今何週目くらいかな。本気で100周も走るんだろうか。このトラック一周何メートルだっけと考えて、頭に浮かんだ数字に気が遠くなった。鬼か。
走り始めてみれば、最初こそ軽かった足はいくらも周を重ねないうちに重くなってきた。
俯いて走るあたしの横を、もう何度目かテニス部が追い越していく。
何あのペース…。
息を切らしながら、その背中を見送っていた時だ。
一人だけ集団から遅れて走っていた仁王がぐんとペースを落とした。
「何しとるん、茜ちゃん」
あっという間に隣に並んだ仁王が前を向いたまま訊くのに「その呼び方やめてってば」と返し、頬を流れる汗を拭った。
「連帯責任なんでしょ?」
「無茶じゃろ」
「だから途中からなの」
また玉の汗が滴り落ちる。

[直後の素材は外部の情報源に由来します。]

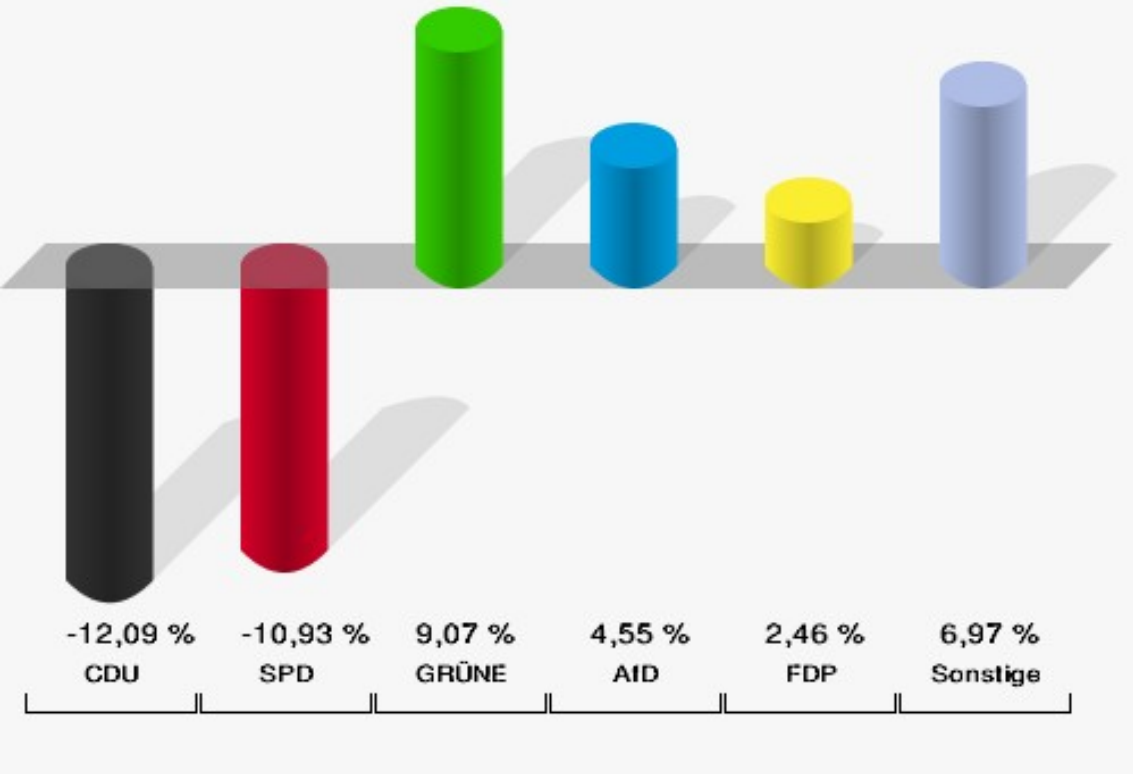

Gemeinde Kreuzau
Europawahl 2019 - Europawahl 2014
Gewinne und Verluste 17.1 Untermaubach/Bilstein

Gemeinde Kreuzau
Europawahl 26.05.2019
Gewinne und Verluste 17.1 Untermaubach/Bilstein

	Europawahl 26.05.2019		Europawahl 25.05.2014	
			Ergebnis	Gewinne und Verluste
Wahlberechtigte	660	647	+13	
Wähler	299	268	+31	
	45,30 %	41,42 %	+3,88 %	
gültige Stimmen	298	266	+32	
	99,67 %	99,25 %	+0,41 %	
CDU	104	125	-21	
	34,90 %	46,99 %	-12,09 %	
SPD	38	63	-25	
	12,75 %	23,68 %	-10,93 %	
GRÜNE	64	33	+31	
	21,48 %	12,41 %	+9,07 %	
AfD	27	12	+15	
	9,06 %	4,51 %	+4,55 %	
DIE LINKE	10	7	+3	
	3,36 %	2,63 %	+0,73 %	
FDP	23	14	+9	
	7,72 %	5,26 %	+2,46 %	
PIRATEN	1	2	-1	
	0,34 %	0,75 %	-0,41 %	
Tierschutzpartei	4	4	+0	
	1,34 %	1,50 %	-0,16 %	
NPD	1	1	+0	
	0,34 %	0,38 %	-0,04 %	
Die PARTEI	7	2	+5	
	2,35 %	0,75 %	+1,60 %	
FAMILIE	4	1	+3	
	1,34 %	0,38 %	+0,96 %	
FREIE WÄHLER	2	1	+1	
	0,67 %	0,38 %	+0,29 %	
Volksabstimmung	0	0	+0	
	0,00 %	0,00 %	+0,00 %	
ÖDP	3	0	+3	
	1,01 %	0,00 %	+1,01 %	
DKP	0	0	+0	
	0,00 %	0,00 %	+0,00 %	
MLPD	0	0	+0

見も知らぬ帽子の持ち主にあぁごめん…と胸中で詫びる。ちゃんときれいにして返すから許して…。
何故か並走しだした仁王を窺い見れば、間髪入れずに目で返事をされる。
「……平部員くらいには見える?」
「見えん」
「…ですよね」
喋れるだけ、まだ余裕があるってことなのか。というよりあたしがあれこれ工作してる間もずっと走ってたはずの仁王が何でこんな余裕なんだろ…。恐るべし運動部。
「悪いけど、100周はさすがに無理って、自分でも分かってるから」
「さすが茜ちゃん。堅実じゃ」
「嫌味?」
「いや?」
唇の端だけをくっと持ち上げ笑った仁王は、それ以上何を言うことも無く少し先を走り始めた。
一定のリズムを刻む音。靴底が乾いた真砂土を蹴る音と、早くも限界が見えて来たかのような自分の呼吸。色んな運動部の掛け声やらは聞こえているけれど、どれもがやけに遠く感じられる。
しかもどんどん周回遅れは重なって、もう数も分からなくなった。
根性ないなぁ、あたし…。
ゼェゼェと、吸っているのに肺が空気を取り込めてる気がしない。
やってもこれだけ情けないんじゃ、何もしないで帰る方がよっぽど…。
元々亀のようだった速度がさらに落ちる。
もう…無理かも。
足が止まりそうになったその時、ばしんと背中が音を立てた。
「いッ…!?」
走った痛みに、いつの間にか地面ばかり見ていた目を上向ければ、切原が素知らぬ顔をして追い抜いて行く。ちょっとだけ振り返り、べ、と舌を出すのを驚きと共に見つめた。
今度は頭に衝撃を受けて、振り返れば丸井だった。ちら、と視線を寄越して追い越し様に先を走る仁王に声をかけていく。
「とろとろ走ってんなよ仁王」
「これが一番いいペースじゃ」
「嘘つけ」
それからも次々に、抜かれてはいくけど。
「あと少しですよ」と柳生。「無理するなよ?」なんてジャッカル君も苦笑して。
ぎゅ、と唇を噛んで帽子を深く被り直した。
…なにそれ。皆だって息切らしててしんどくないワケないのに。
ちょっと…。いや、だいぶ…。かっこよく見えちゃって悔しいんですけど……。
「よっ、しゃあ!ラスト一周っ!」
丸井が腕を振り上げて叫んでて、もう足は重いし上がらないし、なんなら感覚もなんかおかしいし、余裕なんかまったく無くって。死にそうだったのに。地面を蹴りつける足に、ほんの少しだけ力が戻る。
ラスト一周。なんて素敵な響きなんだろ。